# sum of squares minimized

• Aug 7th 2006, 02:10 PM
TFT
Hello,
can any one help me in solving the folowing problem please???

show that if $x_1,...,x_n$ is a set of real numbers
such that
$
\sum_{i=1,..N} {x_i=a}
$

then the quantity
$\sum_{i=1,..N} {x_i^2}$
is minimized when $x_1=x_2=...=x_n=a/n$

the problem give some hint for solution:
assume that $x_i != x_j$
and show that this contradics the assumption that
$x_1,...,x_n$ minimize the sum of squares.to do this show that replacing $x_1 and x_j$ each by
$(x_i+x_j)/2$ reduces the sum of squares while insuring
$
x_1+...+x_i_-_1+(x_i+x_j)/2+x_i_+_1$
$+...+x_j_-_1+(x_i+x_j)/2+x_j_+_1+...+x_n=a$
thanks.
• Aug 7th 2006, 02:22 PM
ThePerfectHacker
Quote:

Originally Posted by TFT
Hello,
can any one help me in solving the folowing problem please???

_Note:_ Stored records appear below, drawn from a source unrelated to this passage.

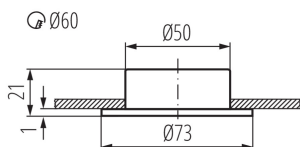

Kanlux

00815 GAVI CT-2116B-C/M

Точковий меблевий світильник

5905339008152

Kanlux GAVI - це меблеві світильники із скла і сталі. Просте забарвлення дозволяє їм непомітно вписатися в місце монтажу.

ЗАГАЛЬНІ ДАНІ:

Колір: хром матовий

Місце монтажу: для вбудовування в стелю

Місце використання: всередині

Мінімальна відстань від освітленого об'єкта: 0,5m

Замінні джерела світла: так

в комплекті джерело світла: ні

Діаметр (мм): 73

Монтажний отвір (мм): Ø60

ТЕХНІЧНІ ХАРАКТЕРИСТИКИ:

Номинальна напруга (В): 12 AC; 12 DC

Потужність максимальна (Вт): max 20

Клас захисту від ураження електричним струмом: III

Цоколь: G4

Діапазон температури оточення, впливу якої може піддаватися продукт (°C): 5÷25

Світильник адаптований до ламп з енергетичними класами: A++,A+,A,B,C,D,E

Матеріал корпусу: сталь

Тип з'єднання: Вільні кінці проводів

Ступінь IP: 20

ДАНІ ЛОГІСТИКИ:

Одиниця виміру: штука

Як упаковано: 50

Кількість штук в проміжній упаковці: 1

Кількість штук у груповій упаковці: 50

Вага нетто одиниці [г]: 66

Граматура [г]: 90

Довжина споживчої упаковки [см]: 7.5

Ширина споживчої упаковки [см]: 3

Висота споживчої упаковки [см]: 8

Вага коробки [кг]: 4.5

Ширина коробки [см]: 17

Висота коробки [см]: 16

Довжина коробки [см]: 39.5

Обсяг коробки [м³]: 0.010744
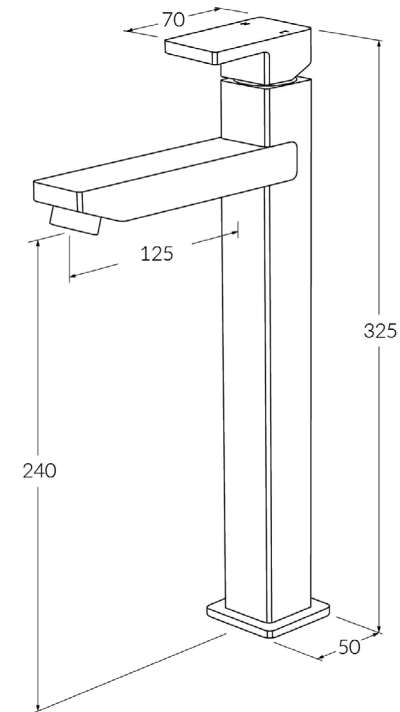

Suba Lever extended basin mixer 125mm outlet

SUSSEX

Product code

BLEBM125

Product features

- Designed and manufactured in Australia
- All brass construction
- Retro fitable
- 25mm ceramic disc cartridge
- Available in a range of high quality, durable finishes inc. LUXPVD®
- Minimal, refined design to complement any contemporary space
- Matching tapware, showers and accessories

Warranty

15 Year overall warranty.
Refer to Warranty sheet for specific information.

Pressure rating

300 - 500kPa

Temperature rating

1 - 65°C

WELS rating

6 star - 3lt/min

AS/NZS 3718:2005
LIC. 20081

show that if $x_1,...,x_n$ is a set of real numbers
such that
$
\sum_{i=1,..N} {x_i=a}
$

then the quantity
$\sum_{i=1,..N} {x_i^2}$
is minimized when $x_1=x_2=...=x_n=a/n$

You want to minimize,
$f(x_1,...,x_n)=x_1^2+x_2^2+...+x_n^2$
With constraint curve,
$C(x_1,x_2,...,x_n)=x_1+...+x_n=a$
Use Lagrange multipliers,
$\nabla f=k\nabla g$
Thus,
$2x_1(1,0,...,0)+2x_2(0,1,...,0)+...+2x_n(0,0,...,1 )$ $=k(1,0,...,0)+k(0,1,...,0)+...+k(0,0,...,1)$
From here we see that,
$x_1=x_2=...=x_n=k/2$
Thus,
$x_1=...=x_n=\frac{a}{n}$

Take point $(a,0,...,0)$ and note that $f(a,0,...,0)\geq f(x_1,x_2,...,x_n)$. Therefore, the point we found was the minimum!